I have my loss function as loss = loss1 + loss2.
After each forward pass, i calculate the gradients using loss.backward() and update my weights. Where loss1(w,b) loss2(w,b) and loss(w,b) are functions of network parameters.
Now in every iteration of gradient descent, I need the gradients of loss1 and loss2 wrt the network parameters as well.So i use loss1.backward(retain_graph=True) and loss2.backward(retain_graph=True) . Is it the right approach?
Also, if you can explain what is actually happening while doing retain_graph= True and with False I would be grateful
retain_graph=True causes autograd NOT to aggressively free up the saved tensors required for grad computation after the backward call.

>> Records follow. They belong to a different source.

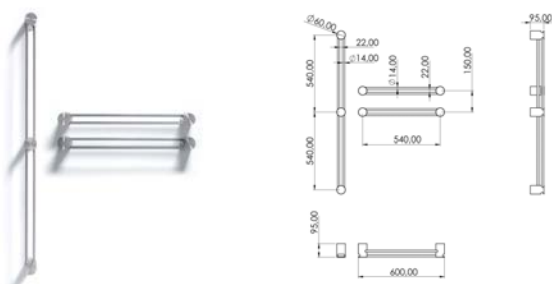

TWI008 Electric towel warmer L.600 mm and L.1140 mm

TWI008S	Satin	$ 7,588.00
TWI008L	Polish	$ 8,803.20
TWI008BKS	Satin black	$ 11,762.80
TWI008PGS	Satin rose gold	$ 11,762.80
TWI008LGS	Light gold satin	$ 11,762.80
TWI008GDS	Satin gold	$ 11,762.80
TWI008BKL	Black polish	$ 13,644.40
TWI008PGL	Polish rose gold	$ 13,644.40
TWI008LGL	Light gold polish	$ 13,644.40
TWI008GDL	Polish gold	$ 13,644.40
INC153	Obligatory Built-In Part	$ 772.80
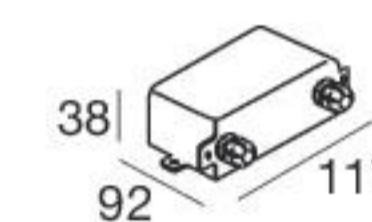

Quara65_Q | Path-marker | powerLED 2 W 630 mA

CRI 80

White	86563	2700 K	219 lm	M	Flood	70
Grey	86562	3000 K	233 lm	W		
Cor-Ten	87989	4000 K	249 lm	N		

Electronics

Recessed casing

89420
ON/OFF
1 - 2 art.

99179
ON/OFF
3 - 6 art.

99186
ON/OFF
6 - 12 art.

84338

RTG **85563W70** **86562W70**
85563N70 **87989W70**

Quara65_QI | Path-marker | powerLED 2 W 630 mA

CRI 80

Steel	92672	2700 K	219 lm	M	Flood	70
		3000 K	233 lm	W		
		4000 K	249 lm	N		

Electronics

Recessed casing

89420
ON/OFF
1 - 2 art.

99179
ON/OFF
3 - 6 art.

99186
ON/OFF
6 - 12 art.

84338

RTG **92672W70**

Quara65_QI | Path-marker | 190-250 V | powerLED 4 W DC - 4,8 W AC
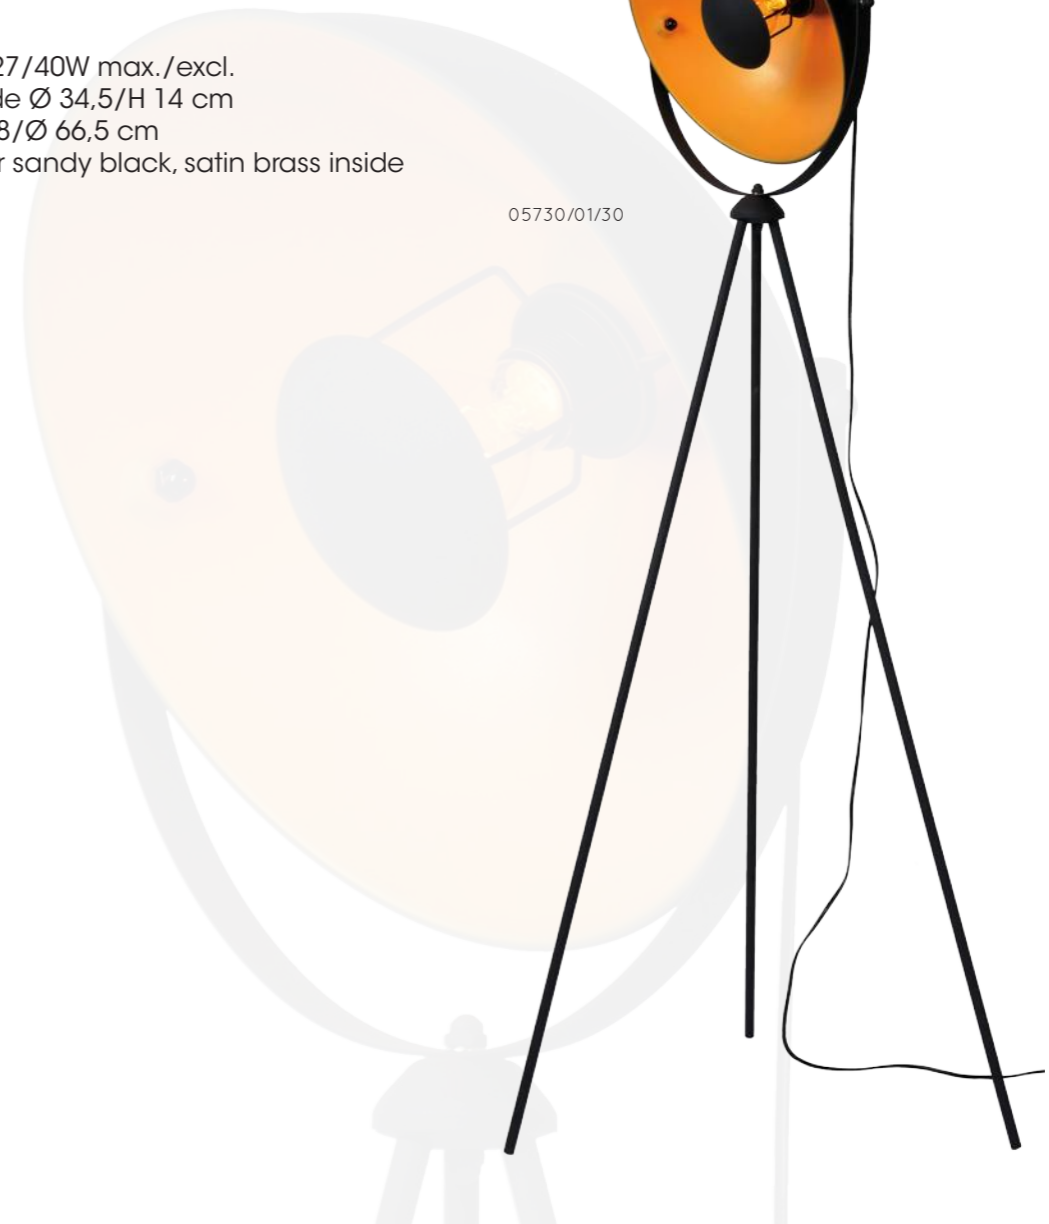

ALVARO

- 1x E27/40W max./excl.
- shade Ø 34,5/H 14 cm
- H 148/Ø 66,5 cm
- color sandy black, satin brass inside
- steel

05730/01/30

bulb suggestion
490 42/05/62

But for this, you will not be able to call . backward on a tensor more than once as the intermediate tensors required for the backward pass shall already be freed.
For your case, using
retain_graph=True should help if you aren’t running into any errors and everything is working as expected. Otherwise, feel free to post the error along with an executable code snippet.
Thanks for your answer,
I do not get any error, but as you mentioned : “i cannot call .backward more than once …”, That explains the error that I was recieving when I was not setting the retain_graph = True, parameter while calculating the gradients of loss1 and loss2 in each step of my gradient descent as they use the same tensors for computation.
Again, many thanks for clarification
A small addition: make sure to use
retain_graph=False (or just drop this argument as it’s the default) in the last
backward call to allow PyTorch to free the intermediates.